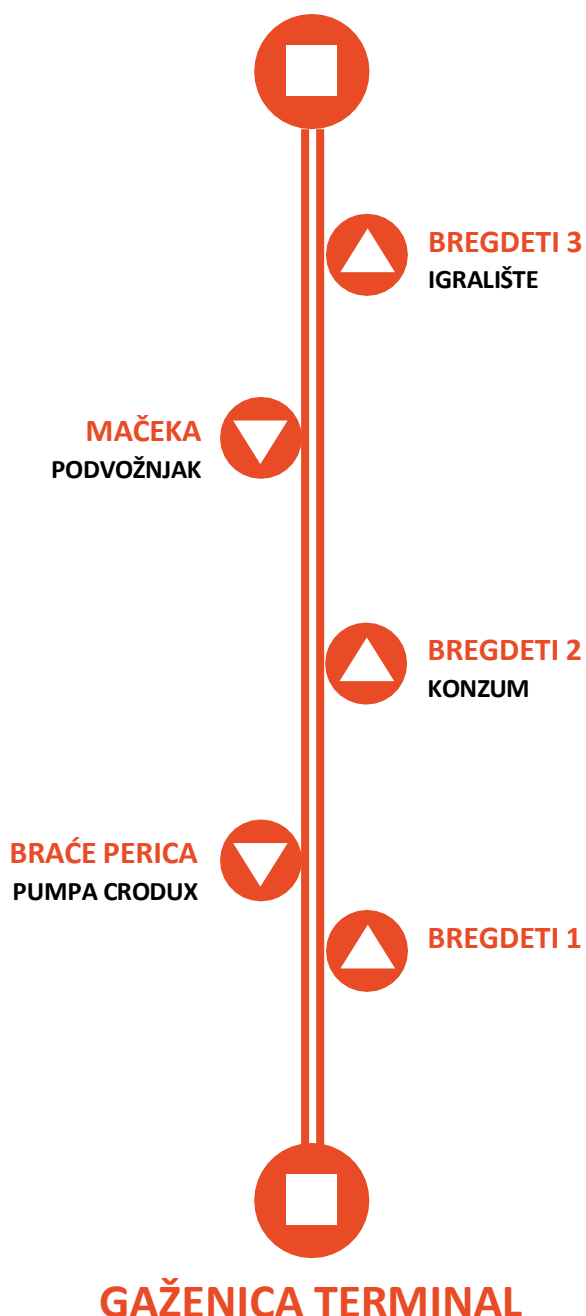

Između stanica oko 3 min. App. betweenstations

**AUTOBUSNI KOLODVOR**

# 9A

**GAŽENICA (TRAJEKTNNA LUKA)**

 POLASCI RADNIM DANOM I SUBOTOM  
 DEPARTURES – WORKING DAYS AND SATURDAYS

POLAZAK IZ / FROM

**KOLODVOR**

05:40	06:00	06:50
07:15	07:35	08:15
09:15	10:15	11:15
11:50	12:35	13:15
13:50	14:30	15:15
16:20	17:40	19:05
20:30	22:40	

POLAZAK IZ / FROM

**GAŽENICA**

06:10	07:25	07:45
08:45	09:45	10:55
11:20	12:00	12:45
13:25	14:00	15:00
15:55	16:30	17:50
19:10	20:40	23:00

 POLASCI NEDJELJOM I PRAZNIKOM  
 DEPARTURES – SUNDAYS AND HOLIDAYS

**KOLODVOR**

06:00	06:50	07:15
07:35	08:15	09:15
10:15	11:15	11:50
13:15	13:50	14:30
15:15	16:20	17:40
19:05	20:30	22:40

**GAŽENICA**

06:10	07:25	07:45
08:45	09:45	10:55
11:20	12:00	12:45
13:25	14:00	15:00
15:30	15:55	16:30
17:50	19:10	20:40
23:00		
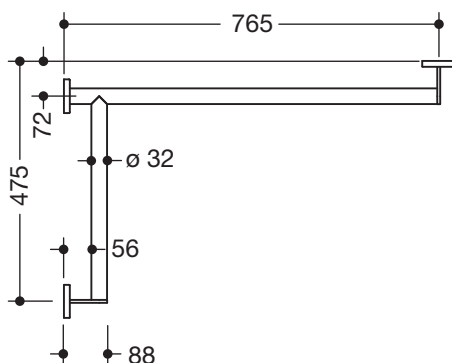

## Dusch-, Wannenhandlauf 900.35.10340

- waagrecht angeordnete, im rechten Winkel verbundene Stangen mit Befestigungsrosetten
- Ausführung links
- waagrechte Längen 765 mm und 475 mm, 88 mm tief
- Stangendurchmesser 32 mm, Rohrstärke 2 mm, Rosettendurchmesser 70 mm
- aus hochwertigem Edelstahl, verchromt
- reduzierte Anzahl Befestigungsrosetten durch innovative Eckverbindung
- inklusive korrosionsfreiem und geprüfem HEWI Befestigungsmaterial zur Wandmontage sowie Dichtband zur Abdichtung der Bohrpunkte
- geeignet für HEWI Einhängesitze System 900.51...

Abbildung ähnlich

### Abmessungen in mm
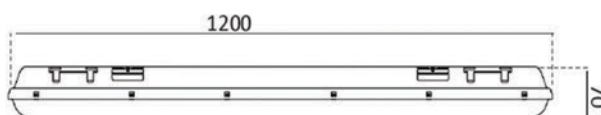

SMALUX

LED Por és Páramentes Lámpatest

IP65, 5400lm, 1200m

Műszaki adatlap

56W

FL7450H

Termékleírás

-A lámpatest alkalmas a hagyományos 2x36W-os fénycsöves por és páramentes lámpatest kiváltására

-Felhasználási területe: Községi terek, beleértve, iskolák, csarnokok, parkolók, raktárak, ipari létesítmények

Jellemzők

Cikkszám	01CEL1015
Típus	FL7450H
Szín	Szürke
Szabályozható	Nem
Anyag	Polikarbonát
Védelmi osztály	I.
Védettség	IP65
Garancia	3 év
Hosszúság	1200mm
Szélesség	100mm
Magasság	70mm

Műszaki információk

Névleges teljesítmény	56W
Névleges feszültség	220-230V AC 50/60Hz
Színhőmérséklet	4000K
Fényáram	5400lm
Színvisszaadási index (CRI)	>80Ra
Élettartam	30 000h
Kapcsolási ciklus	15000x
Gyártási hely	Kína

SMALUX HUNGARY Kft.

2045 Törökbálint
DEPO Raktárváros Pf. 12.

smalux@smalux.eu

+36 30 400 8407

smalux.eu
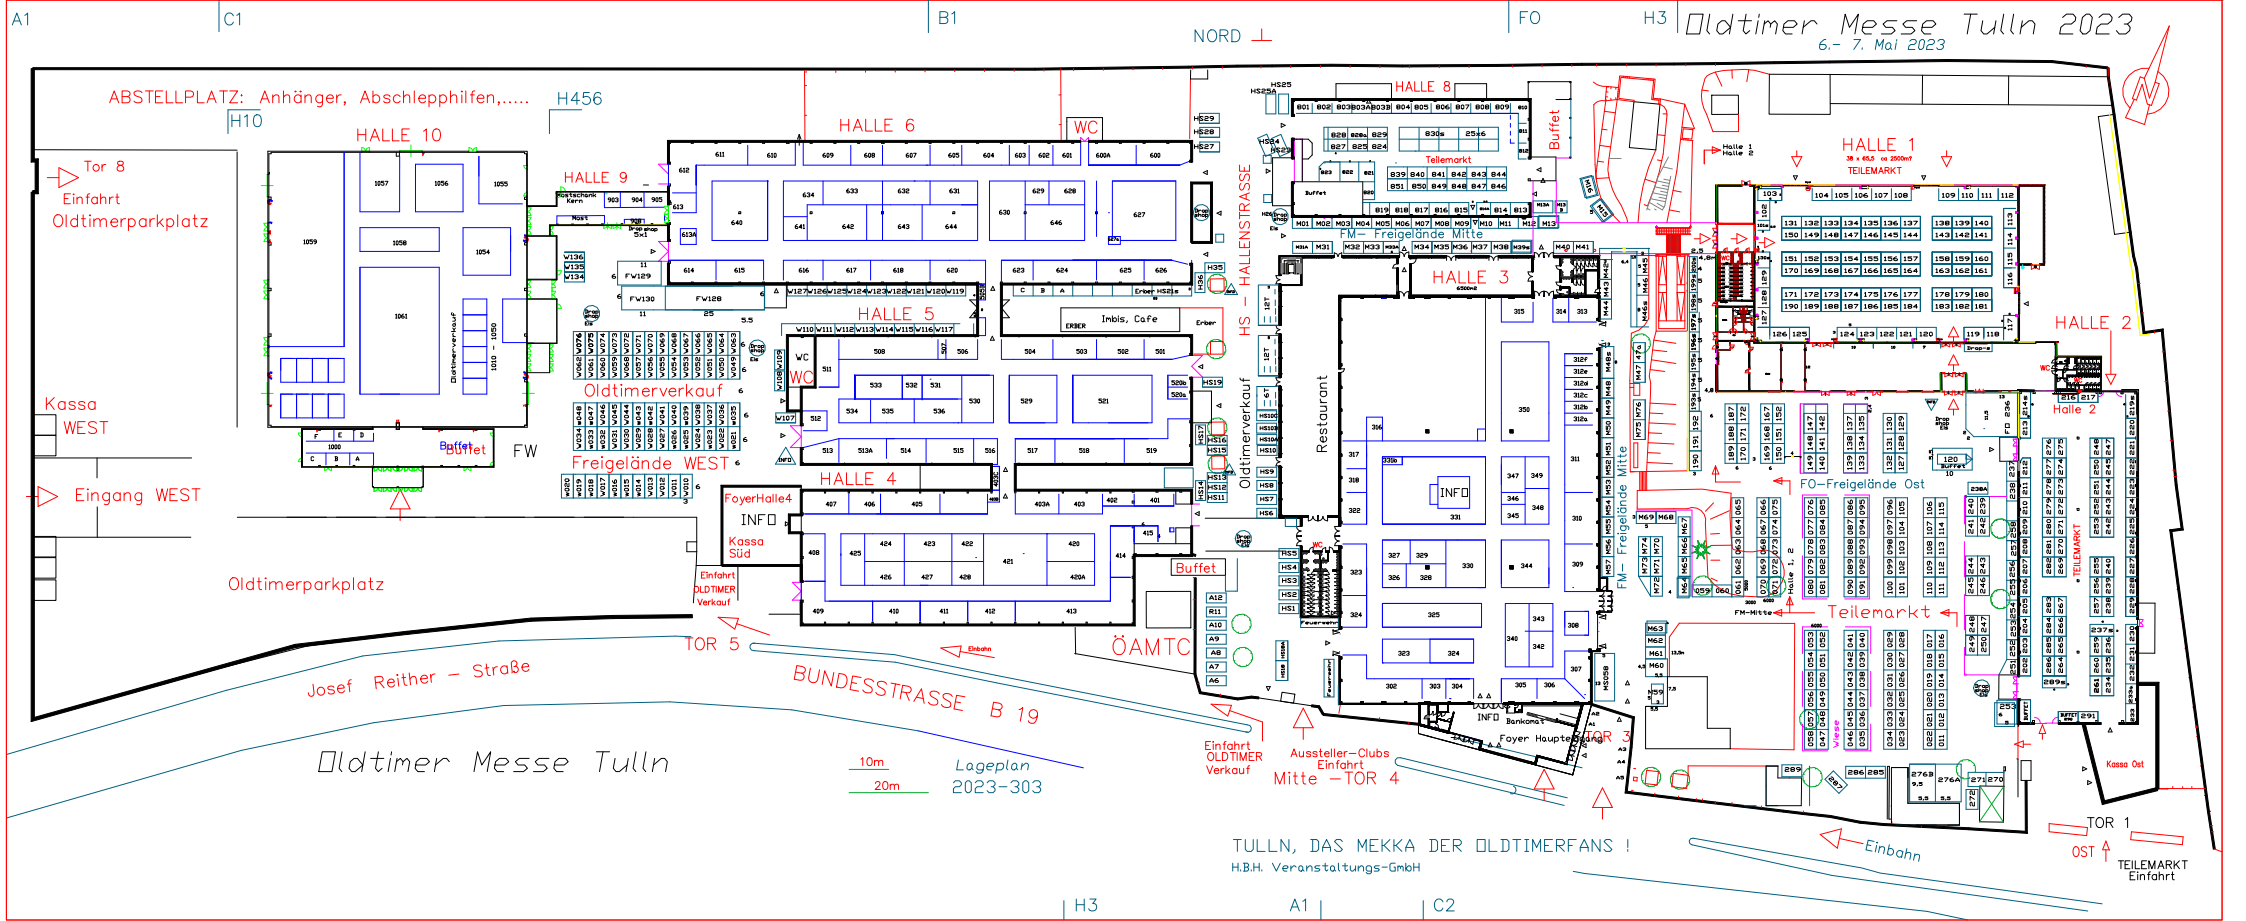

# Oldtimer Messe Tulln 2023

6.- 7. Mai 2023

NORD ↑

ABSTELLPLATZ: Anhänger, Abschlepphilfen,.....

Tor 8  
Einfahrt  
Oldtimerparkplatz

Kassa  
WEST

Eingang WEST

Oldtimerparkplatz

Josef Reither - Straße

Oldtimer Messe Tulln

10m  
20m  
Lageplan  
2023-2030

TULLN, DAS MEKKA DER OLDTIMERFANS!  
H.B.H. Veranstaltungs-GmbH

TOR 1  
OST ↑  
TEILEMARKT  
Einfahrt

H3 | A1 | C2
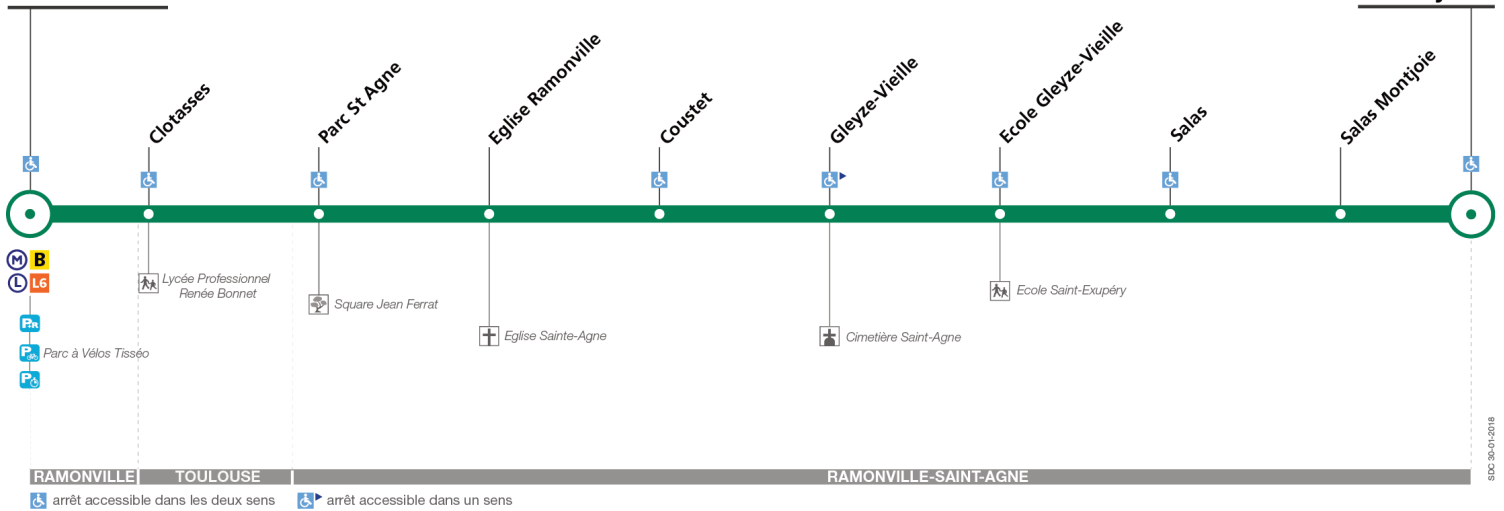

## Direction Ramonville

Bus accessibles

Bus climatisés

du 31 août 2020  
au 29 août 2021

### Ramonville

### Montjoie
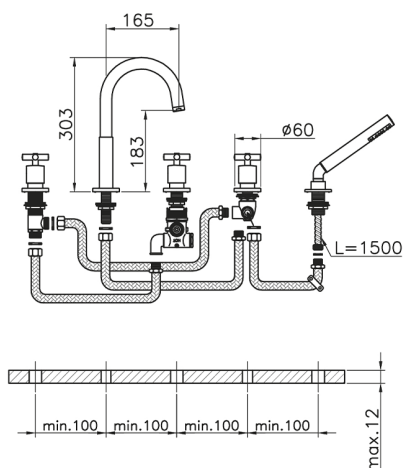

## Borde bañera termostático 5 agujeros SUITE\_SUT78010

MODELO **SUT78010**

Borde bañera termostático 5 agujeros, desviador 2 salidas, duchita una función minimalista Ø 27 mm ABS, flexible extraíble de Latón 150 cm

ACABADOS DISPONIBLES

-  **21** 21 Cromo
-  **40** 40 Negro Mate
-  **2F** 2F Níquel Cepillado
-  **2W** 2W Oro Cepillado

CARACTERÍSTICAS

Recambio Cartucho **24.04A.PP**

**Cartucho Termostático Plus P 8X20**
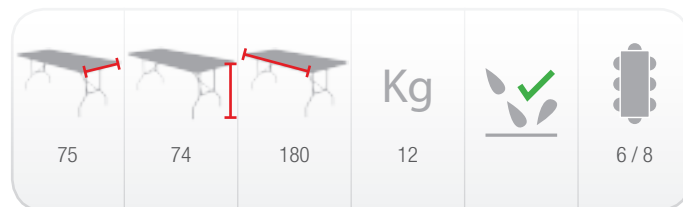

Basic Maleta

TR7183A

Mesa plegable económica tipo maleta de 1,80m
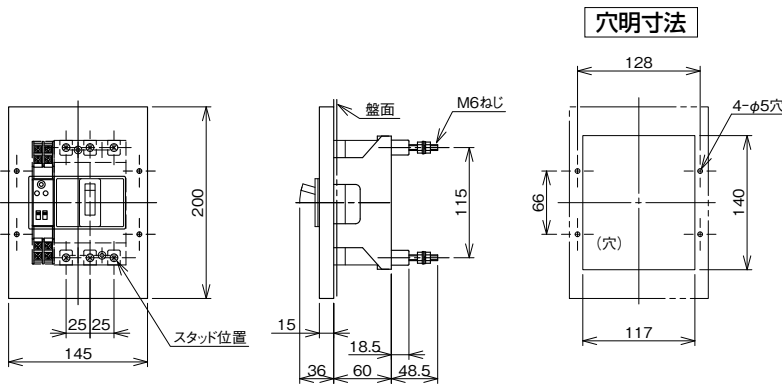

■B-53GA

表面形

裏面形(SD)

埋込形(FP)

内部接続図

B-53GA

A

パールテクト
ブレーカ

耐熱形
漏電警報付

ミッドテクト
スイッチ見張番

外形寸法図
動作特性曲線

補修用
生産終了品
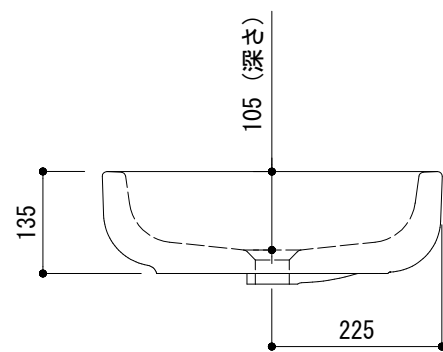

カウンター切込寸法

※ 陶器製品には寸法公差があります。  
洗面器の収め方をご確認の上、必ず現物を合わせて  
カウンターの切込を行ってください。

品名  
手洗器 -POZZI-GINORI, Easy. 02-

品番  
ARJ70-0208

仕様  
カウンター置き/オーバーフロー付き/型紙、カウンター固定金具付属/  
陶器/ホワイト

重量 8kg      容量 8L      縮尺 1:10

大洋金物株式会社 ティーフォルム事業部 **Tform**
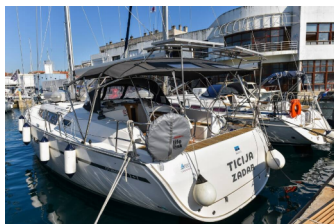

Web: [www.croatia-holidays-charter.com](http://www.croatia-holidays-charter.com)

<b>Baza Jahti</b>	Marina Zadar (ex. Tankercomerc), Hrvatska
<b>Jahta ID</b>	6352
<b>Brendovi Jahti</b>	Bavaria
<b>Ime Jahte</b>	Ticija
<b>Godina Proizvodnje</b>	2015
<b>Duljina</b>	14.27 M
<b>Kabine</b>	4
<b>Kreveti</b>	8 + 1
<b>Max Osoba</b>	10
<b>WC</b>	3
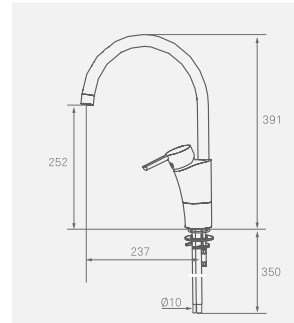

Keittiöhana K5
MA-nro 732100
LVI-nro 6261185
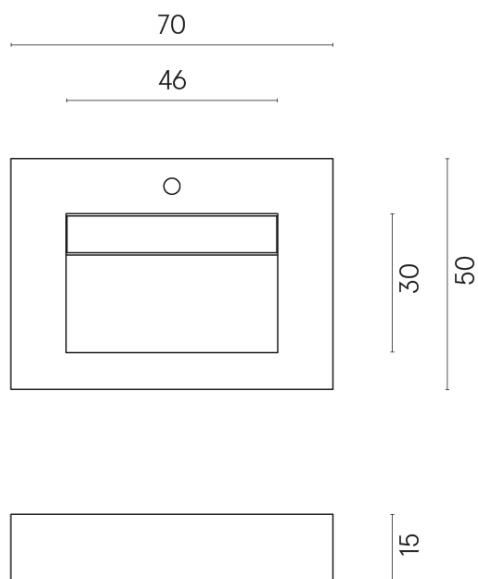

ИЗДЕЛИЕ С ВЫБРАННЫМИ ВАМИ ПАРАМЕТРАМИ.

Артикул:

620810000010

Fly Evo

Раковина 70

Облицовка изделия

Контемпора Бёрн
Патинированный

Цвета и другие эстетические характеристики плитки на иллюстрациях на сайте являются ориентировочными. Перед покупкой всегда смотрите образцы вживую.

---+---

*Exercise prompt*: In the records, which lines use the word "Cepillado"? Report them.

*Answer to the exercise*:
-  **2F** 2F Níquel Cepillado
-  **2W** 2W Oro Cepillado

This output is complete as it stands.